We investigated whether a combination of static electromagnetic field (EMF) at a flux density of 4.75 T together with pulsed EMF at a flux density of 0.7 mT generated by an NMR apparatus (NMRF), could promote movements of Ca(2+), cell proliferation, and the eventual production of proinflammatory cytokines in human lymphocytes as well as in Jurkat cells, after exposure to the field for 1 h. The same study was also performed after activation of cells with 5 micro g/ml phytohaemagglutinin (PHA) immediately before the exposure period. Our results clearly demonstrate that NMRF exposure increases the [Ca(2+)](i), without any proliferative, or activating, or proinflammatory effect on both normal and PHA stimulated lymphocytes.
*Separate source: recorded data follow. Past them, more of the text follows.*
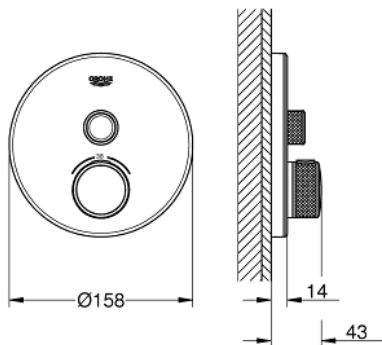

## 29 150 LS0 GROHTHERM SMARTCONTROL SAFETY MIXER FOR CONCEALED INSTALLATION WITH ONE VALVE

### PRODUCT DESCRIPTION

- Colour: moon white/chrome
- trim set for GROHE Rapido SmartBox (35 604)
- GROHE FastFixation metal wall escutcheon, retroactively 6° adjustable
- GROHE LongLife finish
- GROHE SmartControl - control the shower with intuitive push/turn button
- exchangeable symbols
- GROHE TurboStat - compact cartridge with wax thermoelement
- GROHE ProGrip - with knurl structure
- GROHE SafeStop - safety button at 38°C
- GROHE SafeStop Plus - optional temperature limiter at 43°C or 46°C included
- built-in non-return valves and dirt strainers
- cover plate in moon white acrylic glass
- flow performance: outlet A (to external shut-off) = 34 l/min, outlet B/C = 29 l/min

### SPARE PARTS, June 2018 – now

- 1: Mounting plate (Spare part-nr. 48362000)
  - 2: Temperature control handle (Spare part-nr. 49029000)
  - 2.1: Cover cap (Spare part-nr. 1015030000)
  - 2.2: handle adaptor (Spare part-nr. 1015059990)
  - 3: Escutcheon (Spare part-nr. 49031LS0)
  - 4: Push button (Spare part-nr. 48361000)
  - 4.1: pushbutton (Spare part-nr. 14077000)
  - 5: Cartridge (Spare part-nr. 48359000)
  - 5.1: Spindle (Spare part-nr. 49088000)
  - 6: Thermostatic compact cartridge 3/4" (Spare part-nr. 49028000)
  - 7: Non-return valve (Spare part-nr. 49085000)
  - 8: Seal (Spare part-nr. 48360000)
  - 9: Socket Spanner (Spare part-nr. 49059000)\*
  - 10: GROHE TurboStat cartridge 3/4" (Spare part-nr. 49003000)\*
  - 11: Service stops (Spare part-nr. 1405300M)\*
  - 12: Universal extension set single-lever mixers, 25 mm (Spare part-nr. 14048000)\*
- \* Optional accessories
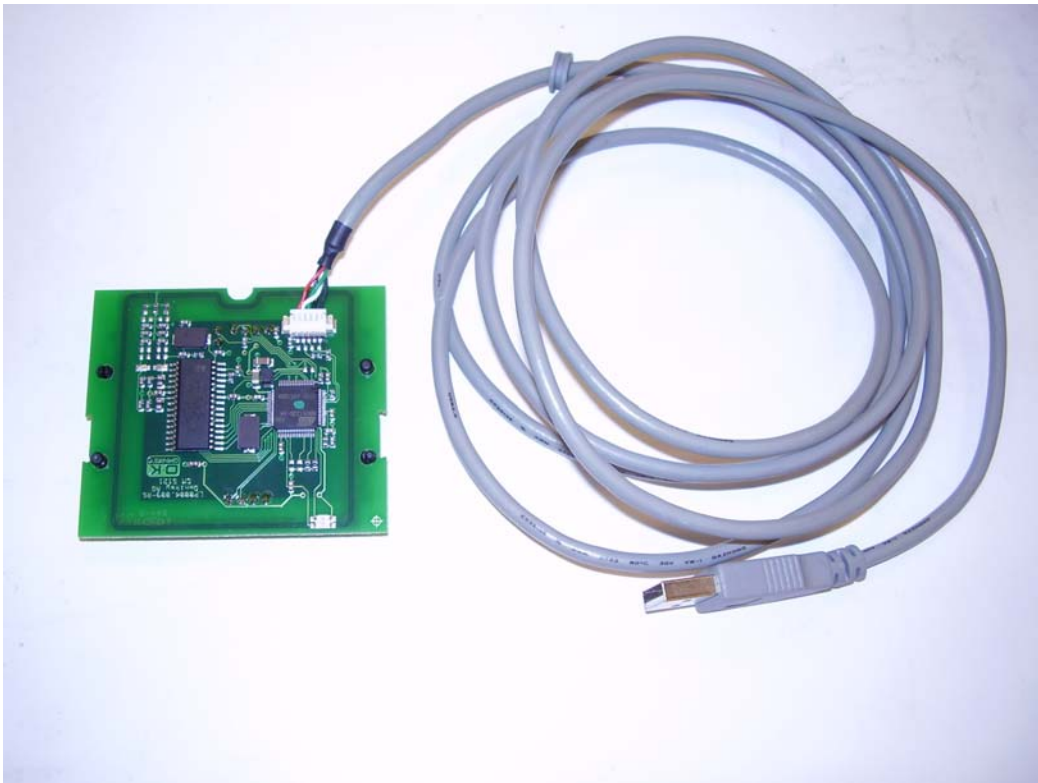

LEXMARK INTERNATIONAL INC.

TRADE NAME: Proximity Card Reader

REGULATORY TYPE/MODEL NUMBER: LEX-M05-001

FCC ID: IYLLEXM05001

EUT PHOTOS

Top side of EUT.

Bottom side of EUT.

Detailed top view of EUT.

Detailed bottom view of EUT.

Accordingly, the levels of interferon gamma, tumor necrosis factor alpha, interleukin-1beta, interleukin-2, and interleukin-6 remained unvaried after exposure. Exposure of Jurkat cells statistically decreased the [Ca(2+)](i) and the proliferation. This is consistent with the low levels of IL-2 measured in supernatants of these cells after exposure. On the whole our data suggest that static and pulsed NMRF exposure contribute synergistically in the increase of the [Ca(2+)](i) without any activating or proinflammatory effect either in normal or in PHA challenged lymphocytes. In Jurkat cells, by changing the properties of cell membranes, NMRF exposure can influence Ca(2+) transport processes and hence Ca(2+) homeostasis, causing a marked decrease of proliferation.
Bioelectromagnetics. 2003 Sep;24(6):373-9.
Aldinucci C, Garcia JB, Palmi M, Sgaragli G, Benocci A, Meini A, Pessina F, Rossi C, Bonechi C, Pessina GP. Department of Physiology, University of Siena, Siena, Italy.